指令集如何区分参考值

Question

Let's look at this code:

int main ()
{
    int a = 5;
    int&b = a;

    cout << a << endl;  // 5 is displayed
    cout << b << endl;  // 5 is also displayed

    return 0;
}

This is the behavior I saw in my debugger.

int a = 5 will assign value 5 in memory address -0x14(%rbp)

int& b = a will assign value -0x14(%rbp) in memory address -0x8(%rbp)

When I do cout << a << endl the value in the address of a (ie -0x14(%rbp)) will be displayed.

But somehow when I do cout << b << endl the value in the address of b (ie -0x8(%rbp) ) is determined to be an address then the value of that address ( -0x14(%rbp) ) is displayed.

This is the assembly for the std::cout calls:

20                  cout << a << endl;
0000000000401506:   mov -0xc(%rbp),%eax
0000000000401509:   mov %eax,%edx
000000000040150b:   lea 0x6f8c9c6e(%rip),%rcx        # 0x6fccb180 <libstdc++-6!_ZSt4cout>
0000000000401512:   callq 0x4015f8 <_ZNSolsEi>
0000000000401517:   lea 0xe2(%rip),%rdx        # 0x401600 <_ZSt4endlIcSt11char_traitsIcEERSt13basic_ostreamIT_T0_ES6_>
000000000040151e:   mov %rax,%rcx
0000000000401521:   callq 0x401608 <_ZNSolsEPFRSoS_E>
21                  cout << b << endl;
0000000000401526:   mov -0x8(%rbp),%rax
000000000040152a:   mov (%rax),%eax
000000000040152c:   mov %eax,%edx
000000000040152e:   lea 0x6f8c9c4b(%rip),%rcx        # 0x6fccb180 <libstdc++-6!_ZSt4cout>
0000000000401535:   callq 0x4015f8 <_ZNSolsEi>
000000000040153a:   lea 0xbf(%rip),%rdx        # 0x401600 <_ZSt4endlIcSt11char_traitsIcEERSt13basic_ostreamIT_T0_ES6_>
0000000000401541:   mov %rax,%rcx
0000000000401544:   callq 0x401608 <_ZNSolsEPFRSoS_E>
24                  return 0;

Question:

Both std::cout instructions are very similar, How is a treated differently from b ?

Answer 1

In short: it does not.

CPU itself doesn't care about which type is stored where, it just executes instructions generated by compiler.

Compiler knows that b is a reference, not an int . So it instructs CPU to treat b as a pointer.

If you look at the assembly code for your program, you'll see that the instructions for accessing a and b are different: the part for b contains an extra instruction

mov (%rax),%eax

which is the dereferencing step. (In this assembly notation, parentheses mean dereferencing, so this instruction means something like eax = *rax).

Answer 2

I presume you've requested absolutely no optimization.
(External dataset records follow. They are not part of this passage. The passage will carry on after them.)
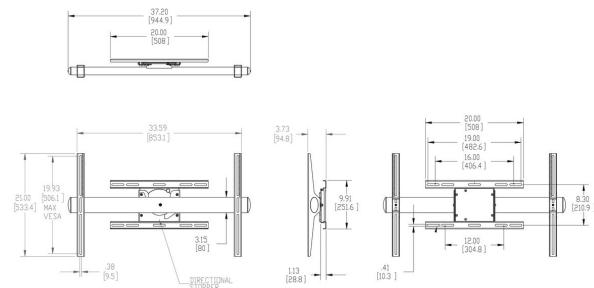

## PFW 6858 Крепление для видеостен с поворотом на 90°

PFW 6858 – это настенное крепление с фиксированным поворотом и стопором на 90°. Крепление можно мгновенно поворачивать из книжной ориентации в альбомную, по или против часовой стрелки. Общая глубина крепления составляет около 95 мм, допустимая весовая нагрузка составляет 72 кг.

## PFW 6858 Крепление для видеостен с поворотом на 90°

### Характеристики

Артикул (SKU)	7368580
Цвет	Черный
Код EAN отдельной коробки	8712285342165
Размер товара	L
Сертифицирован TÜV	Да
Поворот	До 90°
Гарантия	5 лет
Мин. размер экрана (дюймов)	42
Макс. размер экрана (дюймов)	65
Макс. весовая нагрузка (кг/фунты)	72 / 158.73
Min. hole pattern	250mm x 200mm
Max. hole pattern	870mm x 505mm
Макс. высота крепежного элемента (мм)	533
Макс. ширина крепежного элемента (мм)	945
Макс. расстояние между крепежными отверстиями по горизонтали (мм)	870
Макс. размер экрана (дюймов)	65
Макс. расстояние между крепежными отверстиями по вертикали (мм)	505
Мин. расстояние до стены (мм / inch)	95 / 3.74
Мин. расстояние между крепежными отверстиями по горизонтали (мм)	250
Мин. размер экрана (дюймов)	42
Мин. расстояние между крепежными отверстиями по вертикали (мм)	200
Универсальное или фиксированное положение отверстий	Универсальный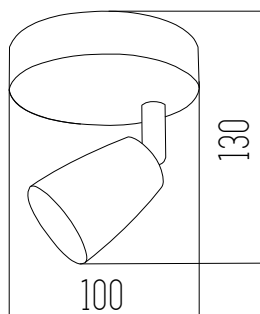

Negro

ZOE

Aplique

220v

IP20

Led integrado

5w por lámpara

Cromo brillante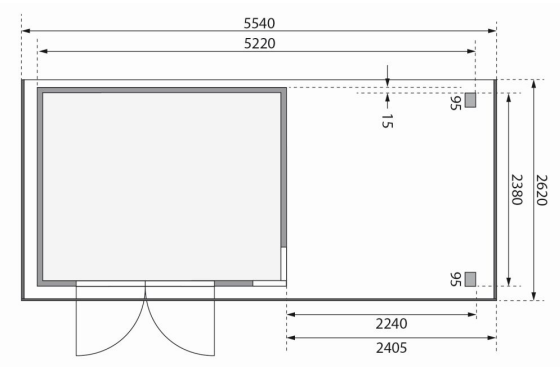

## Gartenhaus Kerko 5 Artikel-Nr. 9195

Anbaudach  
2,40m breit inkl. Rückwand

Farbe  
Naturbelassen

Bedarf Dachbahn	5 Rollen
Verpackungsmaße mm/Gewicht kg	2300x300x280x42
Sockelmaß Breite	298 cm
Tür Breite	70,5 cm
Dachtiefe	262 cm
Wandstärke	19 mm
Umbauter Raum	14,3 m <sup>3</sup>
Innenmaß Tiefe	238 cm
Dachfläche	14,51 m <sup>2</sup>
Verpackungsmaße mm/Gewicht kg	2390x1030x240x130
Dachbreite	554 cm
Tür Höhe	176,5 cm
Dachtyp	Dachplatte
Firsthöhe	210 cm
Material	Nordische Fichte
Sockelmaß Tiefe	242 cm
Innenmaß Breite	294 cm
Außenmaß Breite	522 cm
Dach Materialstärke	16 mm
Außenmaß Tiefe	246 cm
Tür Scheibe Material	Kunstglas
Schneelast	85 kg/m <sup>2</sup>
Seitenhöhe	193,5 cm
Durchgangsmaß Breite	139 cm
Grundfläche	7 m <sup>2</sup>
Durchgangsmaß Höhe	175 cm
Verpackungsmaße mm/Gewicht kg	2980x1030x570x516
Dachform	Flachdach
Dachneigung	3°
Farbe	Naturbelassen
Schloss	Sicherheitsüberfalle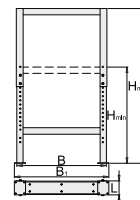

990LA

Picior reglabil pentru banc modular

- vopsite cu vopsele ecologice fara cadmiu si plumb
- material: tabla

UNIOR

625629	A	B	B1	H1	H2	📦	🔩
625629	100	650	680	690	1110	12000	902.62

Although even then, I would have expected accessing a and accessing b to generate exactly the same code (in this case, at least).

With regards to how the compiler knows: a and b have different types, so the compiler knows to do different things with them. The standard has been designed so that replacing int& with int* const , and then automatically dereferencing on each access (except the initialization) will result in a conforming implementation; it looks like this is what your compiler is doing.